WHAT YOU ARE ASKED TO DO: Lines holding the word "Voorbeeld" must be located in the listing below and copied.

(RECORDS TO PROCESS begins)

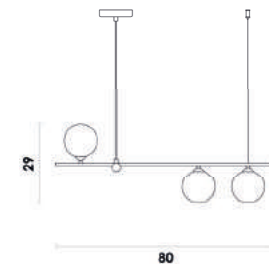

Pendente

Material metal e vidro
C9 75W
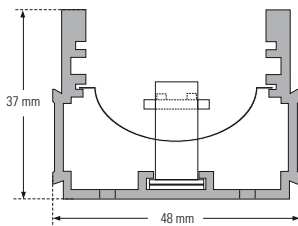

LUMINAIRE UNIVERSAL 5 AGA-LED®

AGA-LED® UNIVERSAL 5 LEUCHTE
AGA-LED® UNIVERSAL 5 LUMINAIRE

LU5AL IP20

AGA-LED® B-3, B-6 OR B-10
RIGID LOOP CONNECTOR

Luminaire linéaire basse tension à courant stabilisé utilisant des unités lumineuses AGA-LED® B-3, B-6 ou B-10 selon affectation page suivante.

Compris dans le luminaire

- Profilé extrudé en aluminium éloxé naturel conçu pour un éclairage directionnel (voir pictogrammes ci-dessus).
- 2 conducteurs plats isolés de 8mm² chacun, (brevet mondial B'Light®).
- Supports BXA et caches blancs CMB pour unités lumineuses AGA-LED® rigid loop connector.
- Réflecteur intensif RI.
- Cosses d'alimentation COS-3.
- Embouts ECM.

Non compris dans le luminaire

- Alimentation stabilisée : voir p. 234.
- Unités lumineuses AGA-LED® : voir p. 218.
- COS-4.

Câble d'alimentation

- COS-3 & COS-4.
- La section du câble dépend de la distance entre le transformateur et le luminaire.

Applications

- Murs, fresques, autres applications nous consulter.

Finition sur demande

- Thermolaquage, poudrage RAL, éloxage, chromage ou dorage.

Accessoires

- Voir p. 62, 63.

Recommandations et précautions

- Voir p. 245.

Données photométriques

- Téléchargeables sur notre site web : www.agabekov.com.

Lineares Niedervolt-Beleuchtungs-system mit stabilisiertem Strom und Leuchteinheiten AGA-LED® B-3, B-6 oder B-10, Anwendung wie auf nachfolgender Seite beschrieben

Die Leuchtausführung umfasst

- Natureloxiertes Aluminiumextrusionsprofil konzipiert für Richtbeleuchtung (siehe Piktogramme oben).
- 2 isolierte Flachleiter von je 8 mm² (Weltpatent B'Light®).
- BXA-Halter und CMB weisse Sichtabdeckungen für AGA-LED® Leuchteinheiten rigid loop connector.
- Intensivreflektor RI.
- Versorgungsstecker COS-3.
- Endstücke ECM.
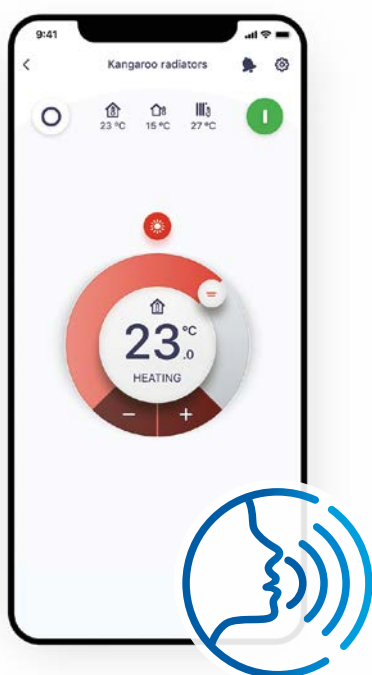

Onecta app

Beschikbaar met spraakbediening

De Onecta app is ideaal voor mensen die veel onderweg zijn en hun airconditioning-systeem vanaf waar dan ook willen bedienen met een smartphone of tablet.

Voor Split: BRP069B41 € 82,- / BRP069B42 € 112,- / BRP069B45 € 169,-
Voor Sky Air: BRP069C81 € 225,- / BRP069C82 voor FCA(H)G en FDA200-250 € 268,-
Voor VRV: BRP069C51 € 264,- voor VRV 5-binnendelen

NIEUWE
NAAM
VANAF
2022

NIEUWE NAAM

onecta

Spraakbediening

De Onecta app biedt spraakbediening om gebruikers nog meer comfort en gebruiksgemak te bieden. Zo hoeft er nog minder geklikt te worden en kunnen systemen nog sneller bediend worden, gewoon met de stem.

De controller kan ook aan een slim apparaat worden gekoppeld via Google Assistant of Amazon Alexa, voor de belangrijkste functies en taalondersteuning.

Stel de temperatuur in de woonkamer in op 21 graden.

Oké, ik stel de temperatuur in de woonkamer in op 21 graden.

Voorbeeld van spraakbediening via Google Assistant

'Alexa, stel de ruimtetemperatuur in op 20 graden.'

'De ruimtetemperatuur is ingesteld op 20 graden.'

Voorbeeld van spraakbediening via Amazon Alexa

TEBBEN
KLIMAATTECHNIEK
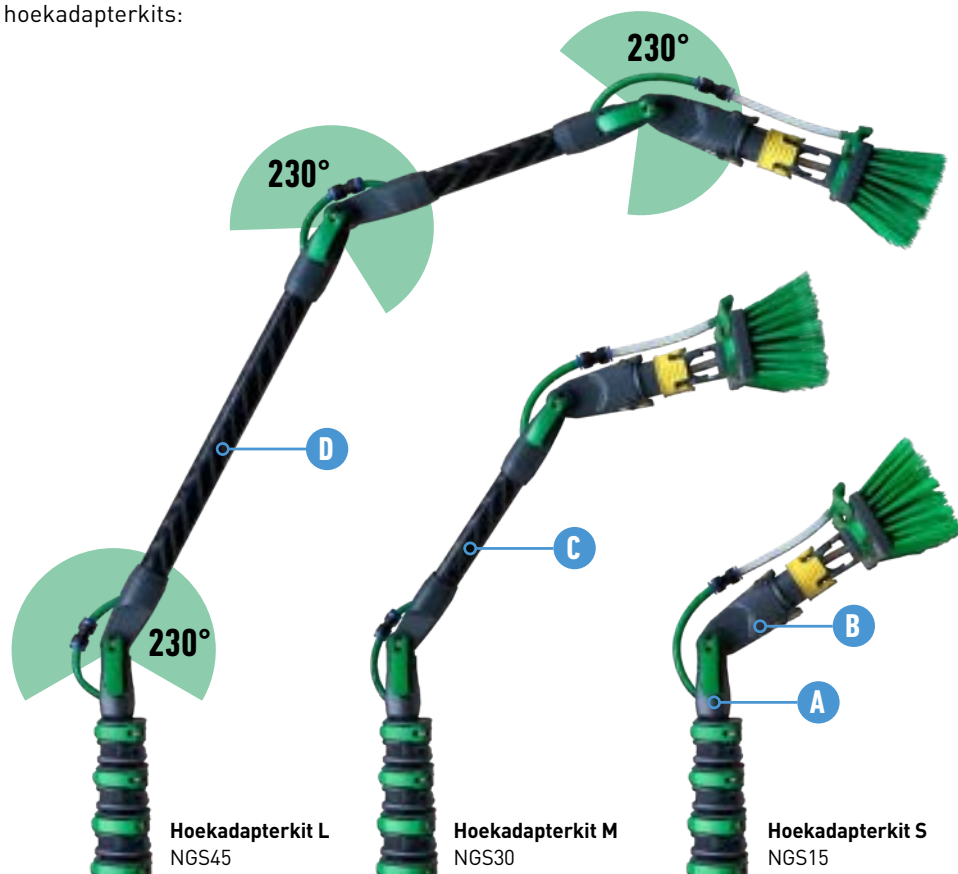

HOEKADAPTERKITS/TOEBEHOREN

HOEKADAPTERKITS

Keuze uit drie vooraf geconfigureerde hoekadapterkits:

Pas gewoon de modulaire hoekadapter aan voor de specifieke toepassing

- **A** Steeladapter
- **B** Borsteladapter
- **C** Hoেকেlement kort
- **D** Hoেকেlement lang
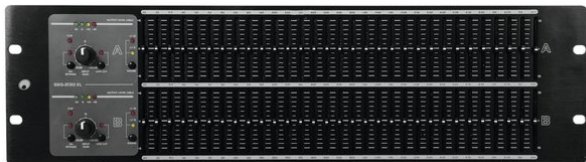

Égaliseur 2 x 31 bandes GEQ-2310XL

Égaliseur 2 x 31 bandes à faders XL

Réf. : 10355536

GTIN: 4026397522808

L'article n'est plus disponible.

Égaliseur 2 x 31 bandes GEQ-2310XL

Égaliseur 2 x 31 bandes à faders XL

Réf. : 10355536

GTIN: 4026397522808

Caractéristiques:

- 2-channel version, 2 x 31 frequency controls with 1/3 octave steps
- XL (50 mm) sliding frequency controls with center click
- EQ range switchable ± 6 dB to ± 15 dB
- Bessel low-cut filter (18 dB/octave 40 Hz)
- Separate input gain control per channel
- Bypass switch allows instant comparison of the original sound with the equalized sound
- 4-fold LED level meter with clip indicator
- Inputs and outputs via 6.3 mm jack sockets, XLR sockets and screw terminals
- Rack installation, 3 U
- (19") 48,3 cm installation en rack 3 HE
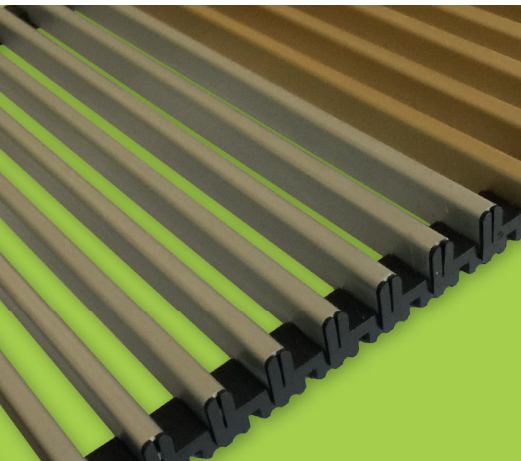

# РЕШЁТКИ ДЛЯ КОНВЕКТОРОВ

ПРОДОЛЬНАЯ  
РЕШЁТКА

ГИБКАЯ  
РЕШЁТКА

[gekon.pro](http://gekon.pro)

решётки для конвекторов

**ПРОЧНАЯ, ГИБКАЯ  
И ВОДОСТОЙКАЯ**

**БЕСШУМНАЯ  
И БЕЗОПАСНАЯ**

**ЛЕГКО МОЕТСЯ  
И РЕМОНТИРУЕТСЯ  
В ДОМАШНИХ УСЛОВИЯ**

**ПЯТЬ ЦВЕТОВЫХ  
РЕШЕНИЙ**

**ОСНОВА – ПОЛИЭТИЛЕН  
ВЫСОКОГО ДАВЛЕНИЯ**

**NA**

Natural Aluminium –  
алюминий

**LB**

Light Bronze –  
светлая бронза/шампань

**BR**

Bronze –  
латунь/темное золото

**DB**

Dark Brown –  
темно-коричневая

**BL**

Black – черная

**ЛЮБАЯ ШИРИНА  
И ДЛИНА**

**ИЗГОТОВЛЕНИЕ  
ОТ 2 ДНЕЙ**

**ГИБКАЯ РЕШЁТКА  
В БОБИНАХ**

**РАССТОЯНИЕ МЕЖДУ  
ЛАМЕЛЯМИ – 10 мм**

(RECORDS TO PROCESS ends)

RESULT FOR THIS EXERCISE:
Voorbeeld van spraakbediening via Google Assistant
Voorbeeld van spraakbediening via Amazon Alexa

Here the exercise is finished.